What is required
In the data below, find each line that contains the word "meer" and copy it.

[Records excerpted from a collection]

● ● ● ●

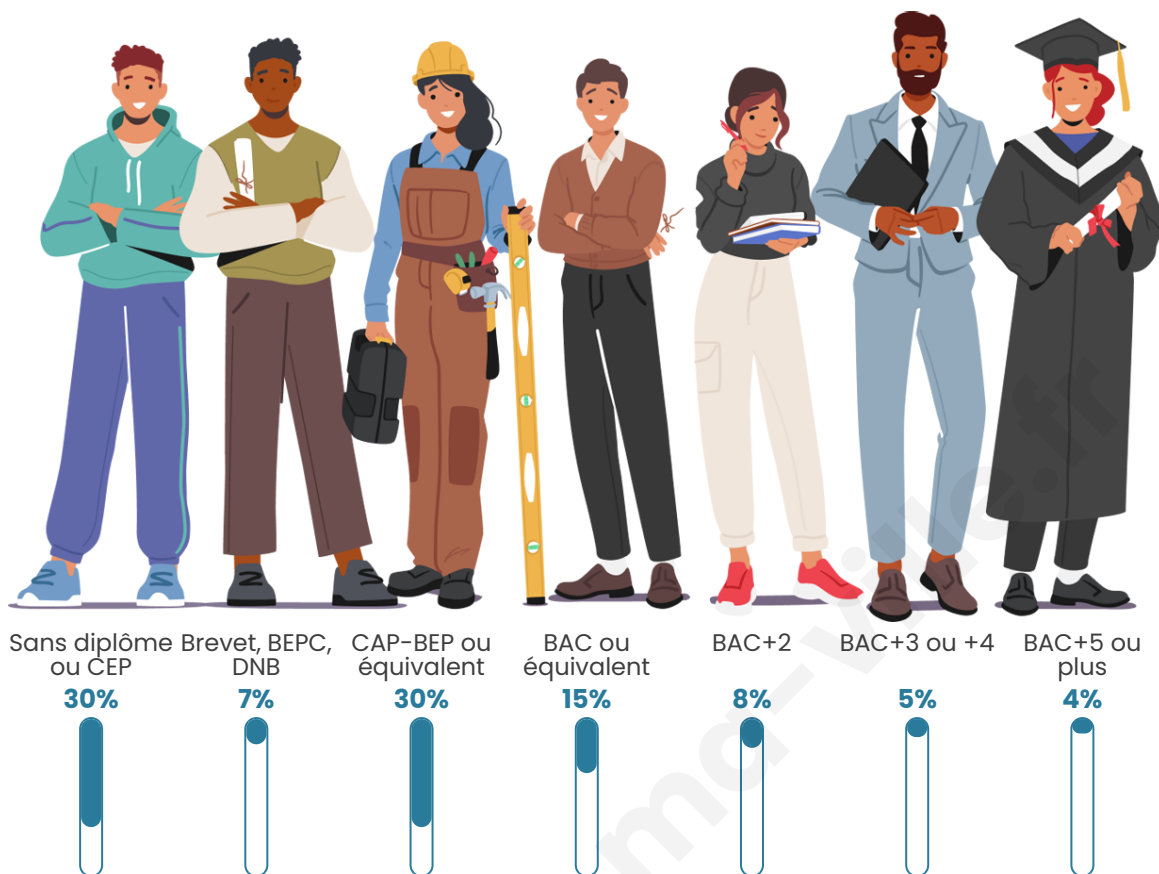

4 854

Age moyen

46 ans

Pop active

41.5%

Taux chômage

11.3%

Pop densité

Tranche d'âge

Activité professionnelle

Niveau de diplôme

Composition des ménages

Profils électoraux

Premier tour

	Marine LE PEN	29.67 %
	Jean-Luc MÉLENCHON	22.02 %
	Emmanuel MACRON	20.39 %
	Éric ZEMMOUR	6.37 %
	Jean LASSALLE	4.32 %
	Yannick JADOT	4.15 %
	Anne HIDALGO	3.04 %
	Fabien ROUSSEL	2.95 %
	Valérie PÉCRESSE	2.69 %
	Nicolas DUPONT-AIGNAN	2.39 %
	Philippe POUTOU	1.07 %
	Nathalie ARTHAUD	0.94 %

● ● ● ●

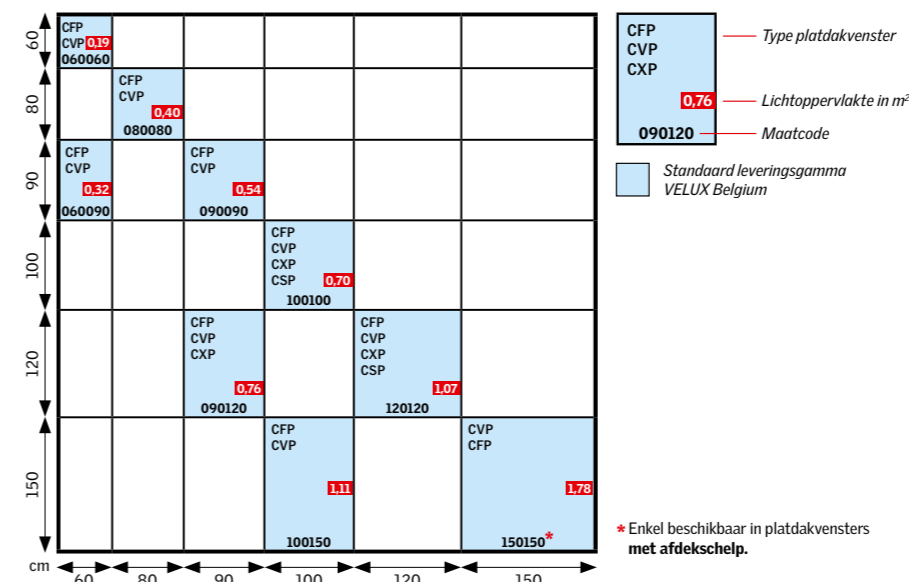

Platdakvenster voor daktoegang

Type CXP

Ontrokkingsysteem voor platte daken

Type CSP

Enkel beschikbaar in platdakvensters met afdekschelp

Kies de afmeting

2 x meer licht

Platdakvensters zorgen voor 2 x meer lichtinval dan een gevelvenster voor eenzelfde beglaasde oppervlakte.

● ● ● ●

Output below
2 x meer licht
Platdakvensters zorgen voor 2 x meer lichtinval dan een gevelvenster voor eenzelfde beglaasde oppervlakte.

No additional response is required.